━━━━━ Data for the task
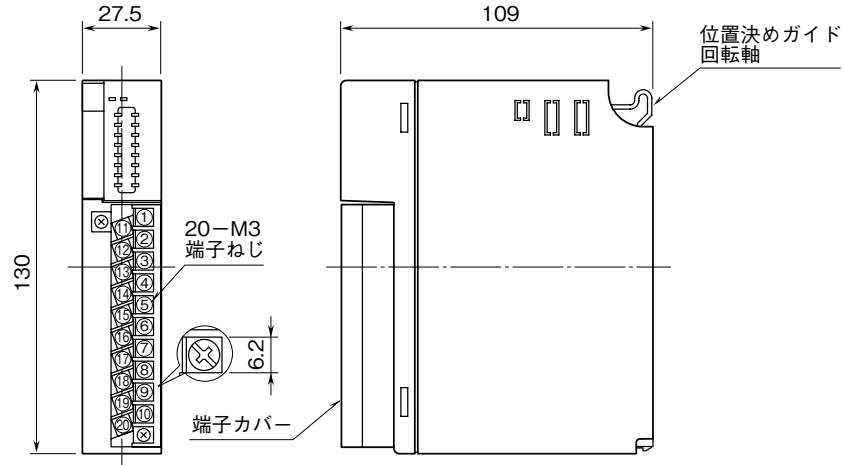

外形図

Do 16点 (トライアック)
接点出力カード

特記事項

外形寸法図 (単位: mm)

端子接続図
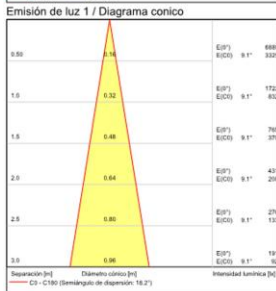

DETALLES / DETAILS / DÉTAILS

MEDIDAS / MEASURES

	Length (mm)	Width (mm)	Height (mm)	KG	Gross (Kg)	Net (Kg)
Box 1	130	100	100	Weight 1	0,45	0,41
Box 2	0	0	0	Weight 2	0,00	0,00
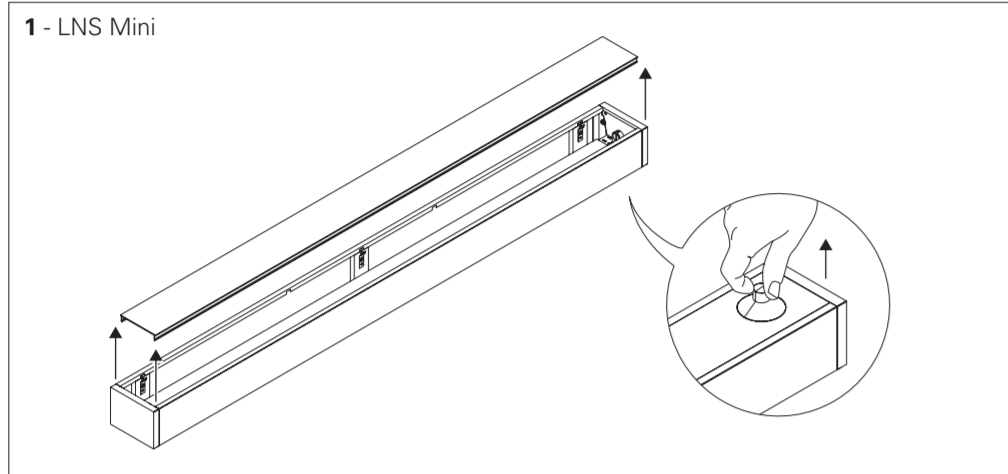

LNS Mini

EN VERSION WITH DIFFUSER
FR VERSION AVEC DIFFUSEUR
DE VERSION MIT DIFFUSER
PT VERSÃO COM DIFUSOR
ES VERSIÓN CON DIFUSOR

EN Accesorios
FR Accessoires
DE Zubehör
PT Acessórios
ES Accesorios

ON
OFF
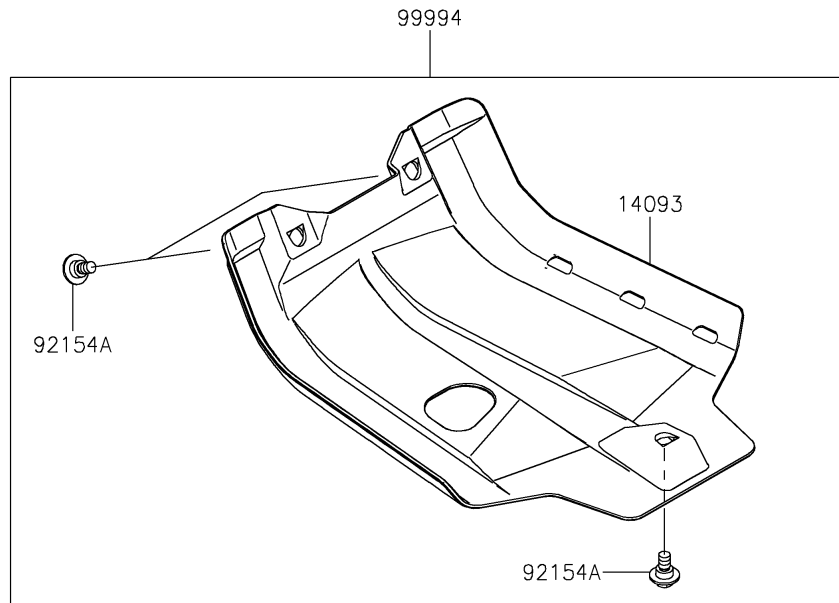

# 2021 KLX® 230R S PARTS DIAGRAM

Accessory(Frame Cover)

F2910

# 2021 KLX® 230R S PARTS LIST

Accessory(Frame Cover)

ITEM NAME	PART NUMBER	QUANTITY
-----------	-------------	----------
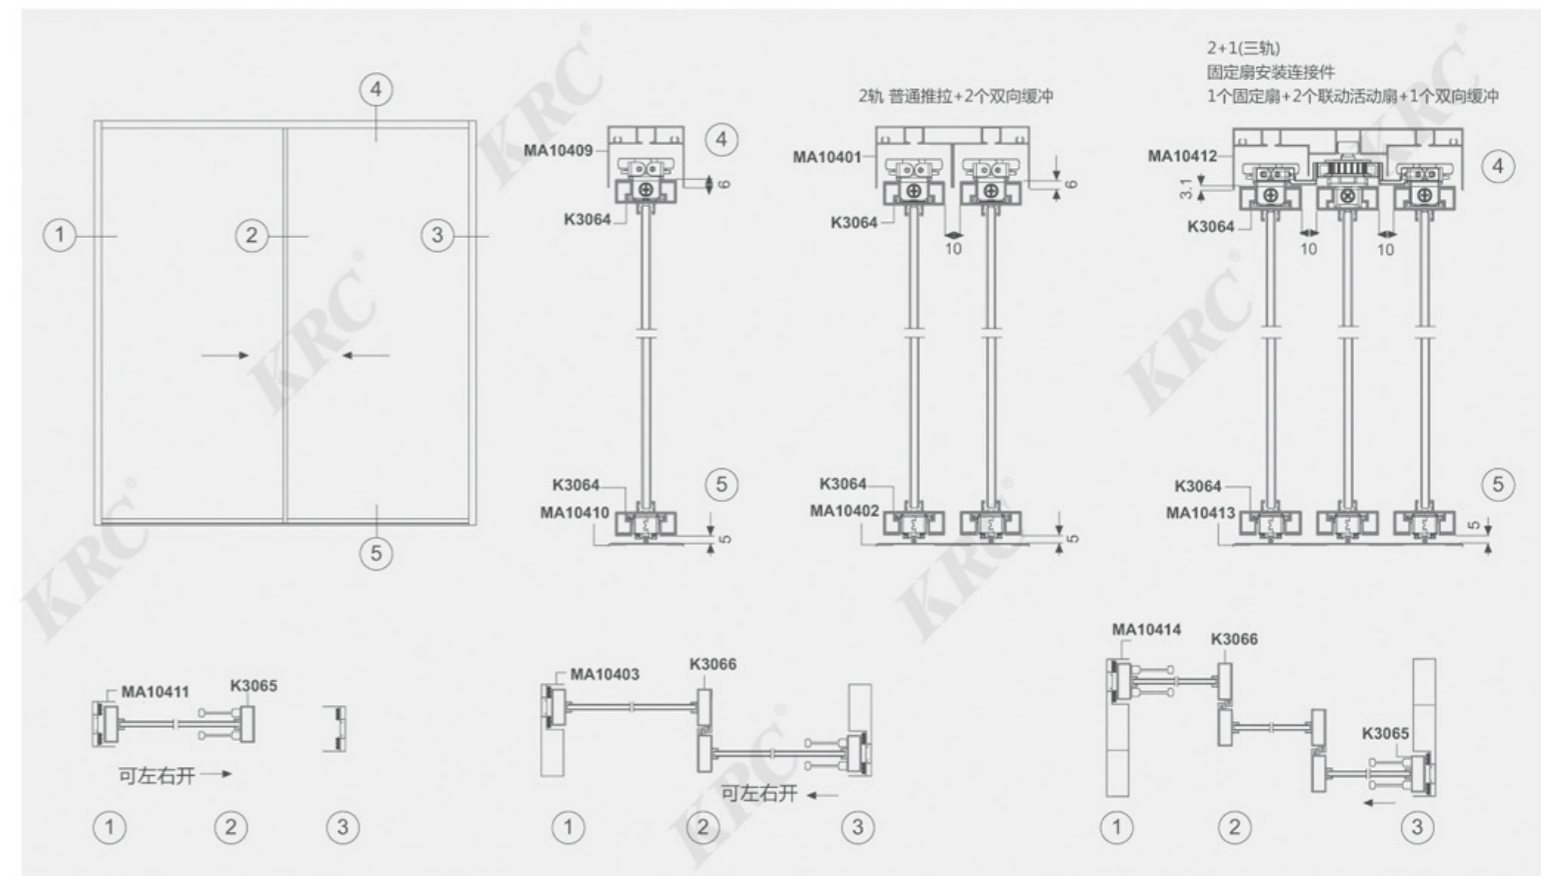

两轨吊轨

三轨吊轨

米重: 0.78kg/m

米重: 0.75kg/m

米重: 0.71kg/m

米重: 0.67kg/m

MA10401 两轨上滑 米重: 1.35kg/m	MA10402 两轨下滑 米重: 0.51kg/m	MA10403 两轨边封 米重: 0.86kg/m	MA10404(选配) 8mm单玻扇上下横 米重: 0.71kg/m	MA10405(选配) 8mm单玻扇光企 米重: 0.67kg/m
MA10406(选配) 8mm单玻扇勾企 米重: 0.75kg/m	MA10407 收口 米重: 0.37kg/m	MA10408(选配) 中横 米重: 0.51kg/m	MA10409 单轨上滑 米重: 0.74kg/m	MA10410 单轨下滑 米重: 0.25kg/m
MA10411 单轨边封 米重: 0.49kg/m	MA10412 三轨上滑 米重: 1.99kg/m	MA10413 三轨下滑 米重: 0.77kg/m	MA10414 三轨边封 米重: 1.34kg/m	K3066 6mm单玻扇勾企 米重: 0.80kg/m
K3064 6mm单玻扇上下横 米重: 0.78kg/m	K3065 6mm单玻扇光企 米重: 0.75kg/m	P048 边封盖 米重: 0.75kg/m
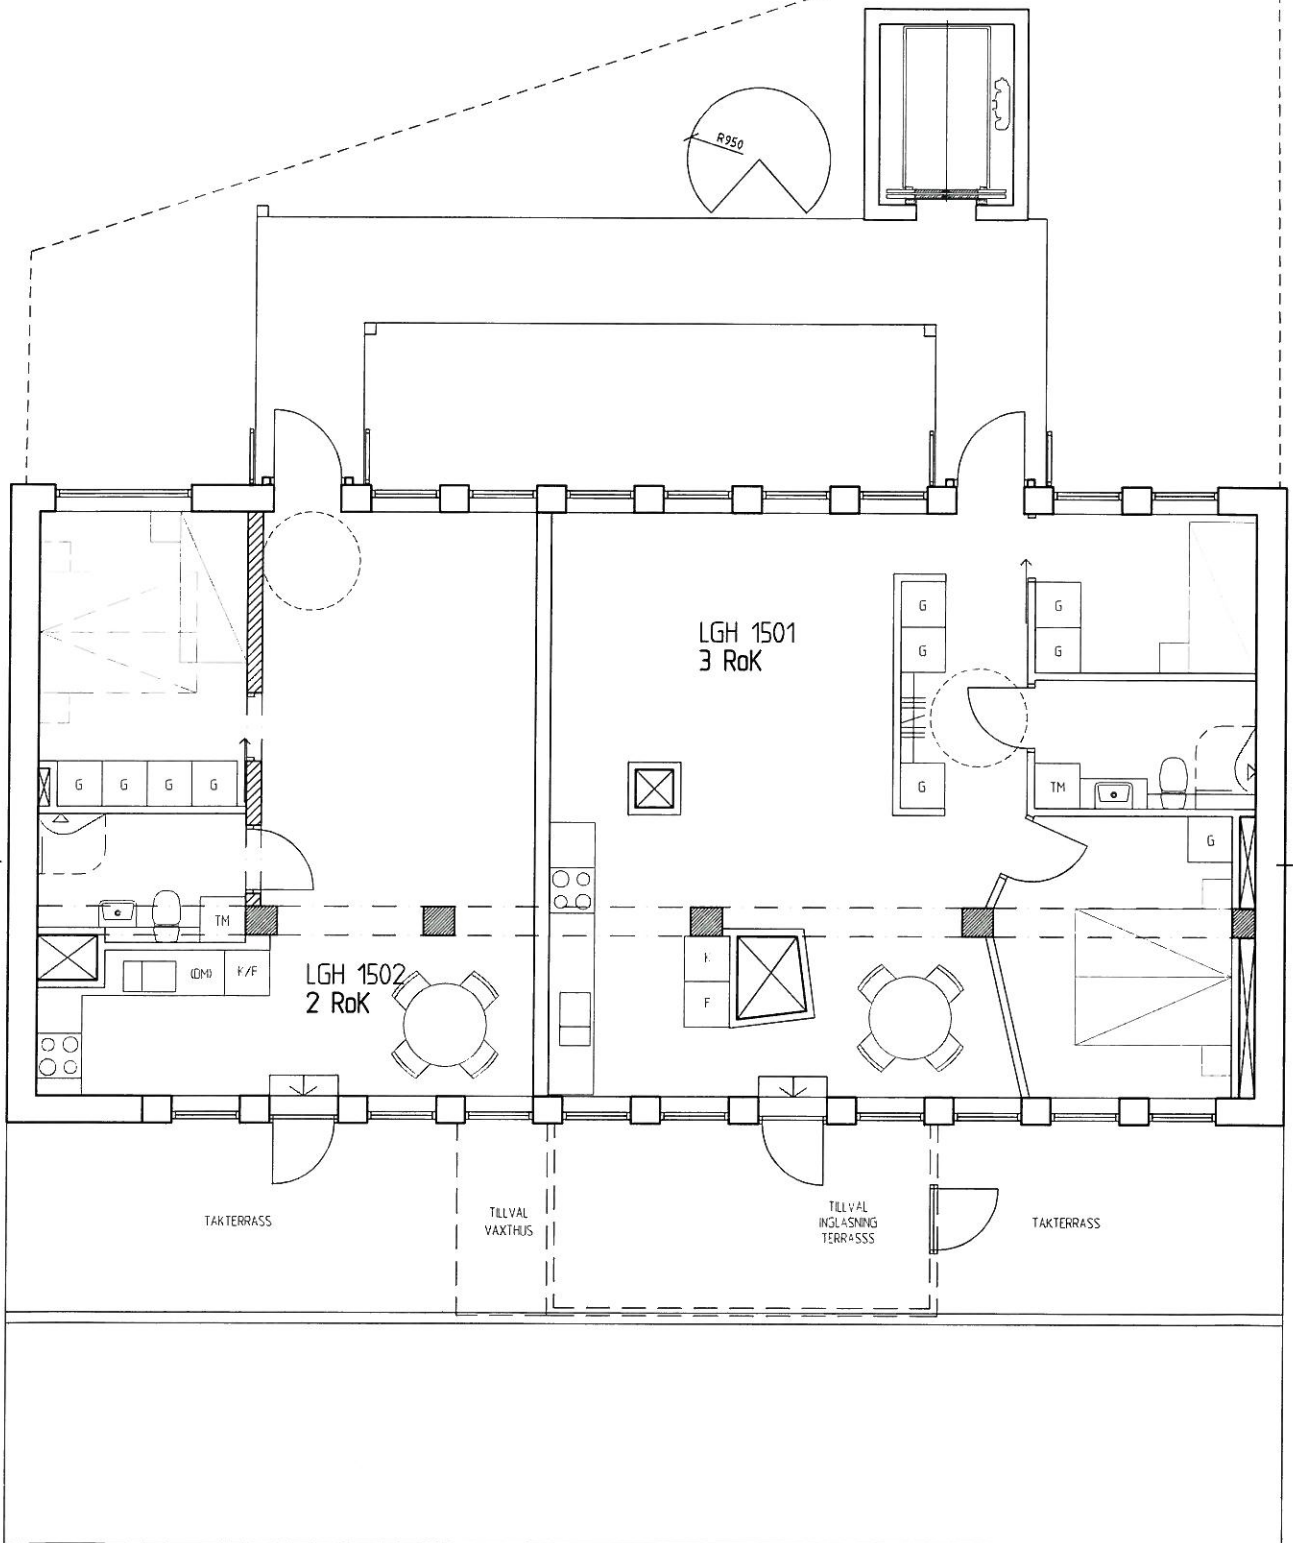

PRELIMINÄRHANDLING 2010-01-29:

MED RÄTT TILL EVENTUELLA ÄNDRINGAR. PROJEKTERING PÅGÅR OCH
PLANLÖSNINGARNA ÄR PRELIMINÄRA.

PLAN

brf Kronhusparken
KANOZI ARKITEKTER
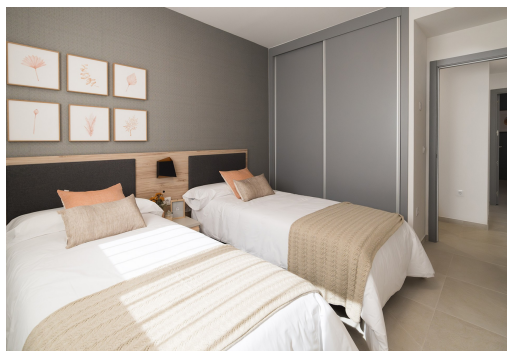

RÉF: TM-91080

Nouvelle construction · Bungalow · Pulpi

2 CHAMBRES

2 NBR. SDB

118M²

94M²

OUI

EN COURS
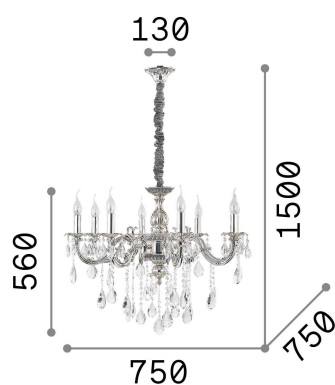

Info generali

Interno - Sospensioni

Indoor suspended chandelier light with multiple sources and diffuse light emission

Ean	8021696014395
Articolo	IMPERO SP8
Installazione	Sospensioni
Garanzia	5 years
Peso lordo	11.1 kg
Volume	0.045408 m ³

Info tecniche e installative

Peso netto	7.5 kg
Classe di isolamento	I
Grado di protezione	IP20
Conformità	CE
Temperatura d'esercizio	0° ~ +40 °C
Dimmer	Determined by the light bulb
Alimentazione	220-240 V AC
Alimentatore	Not required

Info sorgente e prestazionali

Sorgente integrata	Light bulb (not included)
Sorgente sostituibile	No
Potenza	E14 max 8 x 40 W
Emissione	Diffuse
Consumo massimo	-
━━━━━━━━━━
Task brief:
In the entries above, find every line with the word "VERSION" and list it.

Expected answer:
EN VERSION WITH DIFFUSER
FR VERSION AVEC DIFFUSEUR
DE VERSION MIT DIFFUSER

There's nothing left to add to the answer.